We aim to automate 3D scanning of large rooms by making an autonomous drone capable of mapping indoor rooms.


The Solution:

We have made an autonomous drone, that can 3D scan a room using photogrammetry. By moving randomly around the room and avoiding obstacles the drone takes pictures of the entire room with its three GoPro cameras.

 CAD model of the drone.CAD model of the drone.

Obstacle avoidance:

The drone uses 9 IR distance sensors to avoid obstacles in its path. These sensors are mounted in a strategic way to cover all angles.
One of the sensors point downwards, and this sensor is used to keep a chosen distance to the ground.
The remaining 8 sensors cover the directions of movement, and keep the drone from hitting walls or objects in the room.
In this project a set of Sharp IR distance sensor have been used. They provide an analogue signal, and to achieve optimal results from these sensors a calibration have been done and the signal is continuously processed in the MyRIO.


3D scanning:

A 3D model of the room is made with the drone, using its three GoPro cameras. By taking pictures of all surfaces from multiple angles, it is possible to stitch together a 3D model of the room. A software called Agisoft is used for the stitching.


The autonomous drone. Direction of flight marked with blue tape.The autonomous drone.
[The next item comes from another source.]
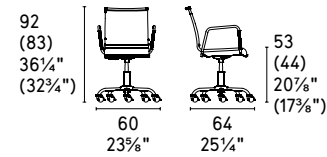

CS/1474 WEB RACE

NOTA/NOTE

Per le combinazioni disponibili consultare il listino prezzi.
Please check all available combinations in the price list.

Direction of flight marked with blue tape. 


Software architecture:

The drone is build as a state machine, controlling the movement. When the drone is airborne it mainly changes between an idle state and obstacle avoidance states.
Data acquisition is done in a parallel loop. This makes it possible to run the data acquisition loop very fast, and make signal processing on the data.
A base station is set up, consisting of a laptop running LabVIEW. From the base station the scanning operation is initiated and the drone can also be landed from here. Furthermore, the bases station allows for manual control of the drone for testing. The base station communicates with the MyRIO on the drone using WIFI.


Front pannel of ground satationFront pannel of ground satationMain state machineMain state machineMyRio main programMyRio main program


Why LabVIEW:

By using LabVIEW, it has been possible to create a working prototype with alpha version of the software, very fast. Furthermore, it has been possible for 5 engineering students with only little programming experience to solve a relatively complex task.


Further work:

If another revision of the drone was to be build, it should be considered using a different type of sensors for obstacle avoidance. Ultrasound range sensors was found incompatible due to noise interference from the motors, therefore Lidar would be interesting to test.
Experiments with an indoor tracking system have been made, but as this was run on ultrasound, this was also disturbed the motor noise. Implementation of motion tracking using video would be interesting to implement. This would make it possible to implement more advanced path control algorithms.



Time to build:

The project was build in a 10 ECT’s point course in Mechatronics. Approximately 300 hours per student was put into the project during half a year.